=== GIVEN ENTRIES ===

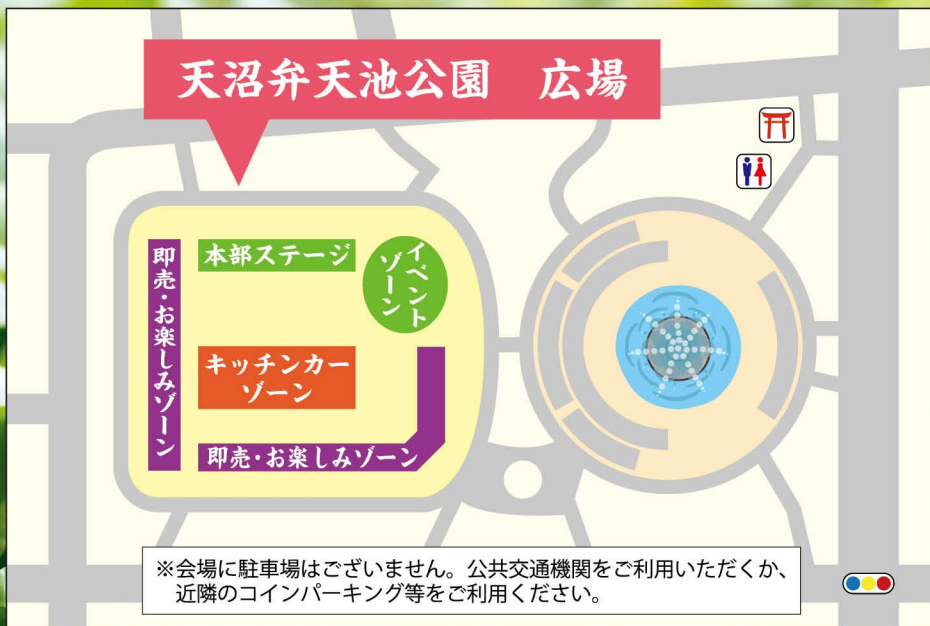

船橋産農産物を使った
美味しい料理を食べて満足!!

新鮮な船橋産農水産物を
お得に買えて満足!

協力：東武鉄道船橋駅／東武百貨店船橋店
船橋警察署／(一社)船橋市観光協会

第57回

船橋市農水産祭

11/10 日
10:00~
14:30
天沼弁天池公園

◎本部ステージ・イベントゾーン

- 10:00 開会式
- 10:10 祝い餅の配布(無料)
紅白セットの祝い餅を配布
- 10:45 ジャガイモ詰め放題
北海道津別町産男爵イモの詰め放題
- 11:30 ビンゴ大会(無料)
景品：船橋産野菜詰合せ
- 12:30 卵つかみ取り
掴んだゴルフボール分「船橋産たまご」をお渡します
- 13:30 ○×クイズ(無料)
景品：船橋産野菜詰合せ
- 14:00 船橋米サイコロチャレンジ
出た目の数に応じた合数の船橋産米をお渡します

◎キッチンカーゾーン

船橋産農水産物を
使った飲食物の提供
〈(一社)船橋市観光協会〉

◎即売・お楽しみゾーン

- 1 サツマイモスティックの販売・くじ引き
〈JAいちかわ船橋地区女性部〉
- 2 ふなばしカレーの販売
〈JAいちかわ船橋地区青年部〉
- 3 サツマイモと小松菜のカップケーキの販売・バザー
〈ちば東葛農業協同組合西船地区女性部〉
- 4 小松菜入り焼きそばの販売
〈ちば東葛農業協同組合西船地区青壮年部〉
- 5 船橋産野菜を使った焼きそば・野菜の販売
〈船橋市農業青少年クラブ〉
- 6 シクラメンの販売 〈船橋市花卉組合〉
- 7 船橋産水産物の販売 〈船橋市漁業協同組合〉
- 8 野菜の販売 〈船橋市園芸協会〉
- 9 鶏卵、チーズ、プリンの販売 〈船橋市畜産協会〉
- 10 サツマイモや里芋等の販売
〈特定非営利活動法人船橋市援農クラブ〉
- 11 農産物・ジェラートの販売
〈ちば東葛農業協同組合 農産物直売所 ふなっこ畑〉
- 12 100g当てゲーム 〈船橋市消費生活センター〉

=== WHAT THE TASK REQUIRES ===
For the records above, give every line again exactly and skip the pictures.

=== OUTPUT FOR THIS EXERCISE ===
船橋産農産物を使った
美味しい料理を食べて満足!!

新鮮な船橋産農水産物を
お得に買えて満足!

協力：東武鉄道船橋駅／東武百貨店船橋店
船橋警察署／(一社)船橋市観光協会

第57回

船橋市農水産祭

11/10 日
10:00~
14:30
天沼弁天池公園

◎本部ステージ・イベントゾーン

- 10:00 開会式
- 10:10 祝い餅の配布(無料)
紅白セットの祝い餅を配布
- 10:45 ジャガイモ詰め放題
北海道津別町産男爵イモの詰め放題
- 11:30 ビンゴ大会(無料)
景品：船橋産野菜詰合せ
- 12:30 卵つかみ取り
掴んだゴルフボール分「船橋産たまご」をお渡します
- 13:30 ○×クイズ(無料)
景品：船橋産野菜詰合せ
- 14:00 船橋米サイコロチャレンジ
出た目の数に応じた合数の船橋産米をお渡します

◎キッチンカーゾーン

船橋産農水産物を
使った飲食物の提供
〈(一社)船橋市観光協会〉

◎即売・お楽しみゾーン

- 1 サツマイモスティックの販売・くじ引き
〈JAいちかわ船橋地区女性部〉
- 2 ふなばしカレーの販売
〈JAいちかわ船橋地区青年部〉
- 3 サツマイモと小松菜のカップケーキの販売・バザー
〈ちば東葛農業協同組合西船地区女性部〉
- 4 小松菜入り焼きそばの販売
〈ちば東葛農業協同組合西船地区青壮年部〉
- 5 船橋産野菜を使った焼きそば・野菜の販売
〈船橋市農業青少年クラブ〉
- 6 シクラメンの販売 〈船橋市花卉組合〉
- 7 船橋産水産物の販売 〈船橋市漁業協同組合〉
- 8 野菜の販売 〈船橋市園芸協会〉
- 9 鶏卵、チーズ、プリンの販売 〈船橋市畜産協会〉
- 10 サツマイモや里芋等の販売
〈特定非営利活動法人船橋市援農クラブ〉
- 11 農産物・ジェラートの販売
〈ちば東葛農業協同組合 農産物直売所 ふなっこ畑〉
- 12 100g当てゲーム 〈船橋市消費生活センター〉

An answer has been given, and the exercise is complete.